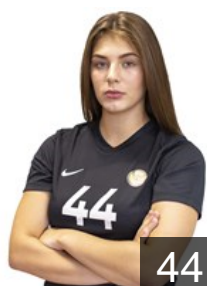

RUS

Shavman Anastasiya

Position: Left Back
Place of birth: Bryansk
Date of birth: 04.07.1999
Height: 175 cm

Left Club on 08.01.2020

TEAM OFFICIALS

ESP

Martin Cedres A.

Date of birth: 30.04.1968

### ASSIGNMENT
Output exactly the lines between the one containing "Date of birth: 04.07.1999" and the final line above, both inclusive.

### YOUR RESPONSE
Date of birth: 04.07.1999
Height: 175 cm

Left Club on 08.01.2020

TEAM OFFICIALS

ESP

Martin Cedres A.

Date of birth: 30.04.1968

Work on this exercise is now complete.